Nicholas Sagovsky, SPCK, 2008 (ISBN 978-0-281-06016-0)

If history is written from the need to redefine current comprehension and identity, then this lucid exposition on justice, and the history of its main strands of thought, Christian and secular, addresses a need to reflect on currently received thinking about justice, notably so in theology. We are living with a wide range of inherited views of justice shaped by both Western faith and Western secular philosophy, which are common coinage in the political and civic arena.

Sagovsky writes from a perception that, unexamined, they no longer accommodate new perspectives on human rights, on plural belief systems and on economic disparities in a widening world of rapidly multiplying, changing and profoundly diverse societies. The idea of justice, as shaped by our Western history, is in need of a fresh consideration which re-addresses and integrates the role which faith, as well as secular reason and science have played and are playing in its theory and practice.

Sagovsky, Anglican, and Canon Theologian at Westminster Abbey, traces the development of the various historical strands within the idea of justice. The Greek concept, based on a civic religion of public social practice, is of civic virtue within a constrained view of citizenship as obedience to an immutable social order, its literature depicting the irreconcilable conflicts arising between individual instinctive morality, and such civic duty as is based on a divinely fixed justice... The Roman empire continued such an absolute view of a fixed social order and justice, its origins based on the assigned power from a pantheon of gods beyond human reason or agency. Societal order in such societies are both proof and sign, and their principles of authoritative and sustaining power can be known by the use of human reason.

Roman authors such as Cicero and Aristotle extrapolate a view of justice as ‘The act of justice is to render what is due'. ‘Actus iustitiae est reddere debitum'. In turn it is transmitted to the Church fathers Augustine and Aquinas, who reinterpret it from historical Christian perspectives, incorporating a view of a dynamic and unfolding divine grace and justice replacing the static Graeco-Roman universe and ensuing legal order.

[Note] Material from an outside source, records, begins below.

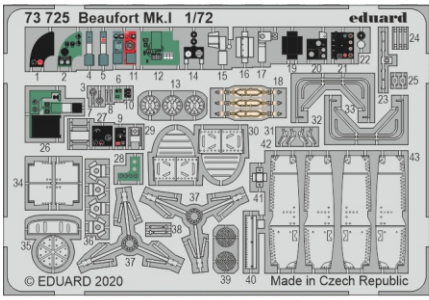

# Beaufort Mk.I

eduard

73 725

1/72

detail set for 1/72 AIRFIX kit • sada detailů pro stavebnici 1/72 AIRFIX

- APPLY EXPRESS MASK AND PAINT BEFORE GLUING  
POUŽIT EXPRESS MASK NABARVIT PŘED SLEPENÍM
  - SYMMETRICAL ASSEMBLY  
SYMETRICKÁ MONTÁŽ
  - REMOVE  
ODSTRANIT
  - GRIND  
OBROUSIT
  - DRILL HOLE  
VRTAT OTVOR
  - COLORED ETCHED PARTS  
LEPTANÉ BAREVNÉ DÍLY
  - ETCHED PARTS  
LEPTANÉ NEBAREVNÉ DÍLY
  - ORIGINAL KIT PARTS  
PŮVODNÍ DÍLY STAVEBNICE
- BEND  
OHNOUT
  - OPTION  
VOLBA
  - REPLACE  
NAHRADIT

ORIGINAL KIT PARTS  
PŮVODNÍ DÍLY STAVEBNICE

PHOTO-ETCHED PARTS  
LEPTANÉ DÍLY

PARTS TO BE REMOVED  
DÍLY K ODSTRANĚNÍ

FILL  
TMELIT
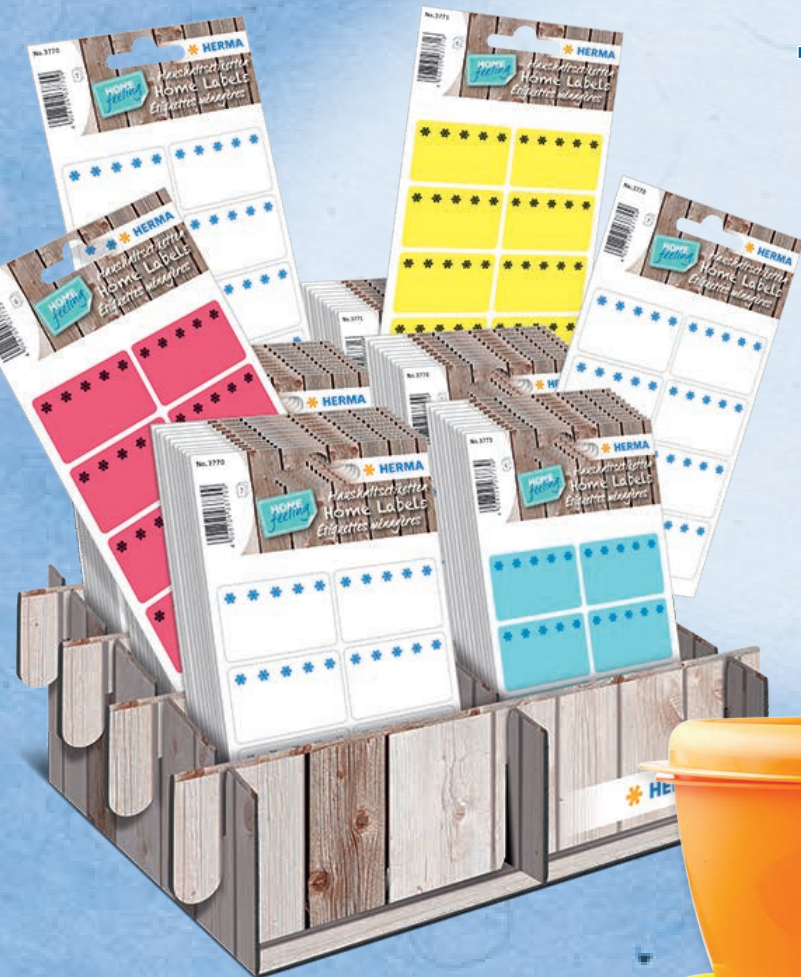

Tiefkühletiketten

Perfekt zum Beschriften
von Gefriergut.

To access the complex and nowadays unfamiliar thought of the Christian Scriptures, he first outlines its roots in the historical Judaic view of justice as based on the Scriptural promise of a God faithful to his elected people, on condition of their exacted faithfulness and repentance, then goes on to show how Jesus Christ, amplified by Paul, reinterpreted the Judaic view of God's omnipotent benevolent justice to apply to all peoples. Justice becomes both a personal entitlement and a personal duty, under the Church's absolute oversight. Each person baptized is called to be part of the body of Christ that is the church, and hence must give and receive justly individually and collectively.

Both Augustine and Aquinas convey a perception of God's justice as being accessible, via a human individual's spiritual transformation, effected through an encounter with Jesus Christ by God's grace. Hence to be faithful entails once again absolute obedience to the empire's replacement, that was the pre-Reformation Church, with its formidable powers as sole agent of the practice of justice through its trained clergy. Aquinas' views add to the pre-existent requirement of assent to law, an obligation to provide for human need. This crucially continues to underlie much influential social teaching of the churches, especially in Roman Catholicism.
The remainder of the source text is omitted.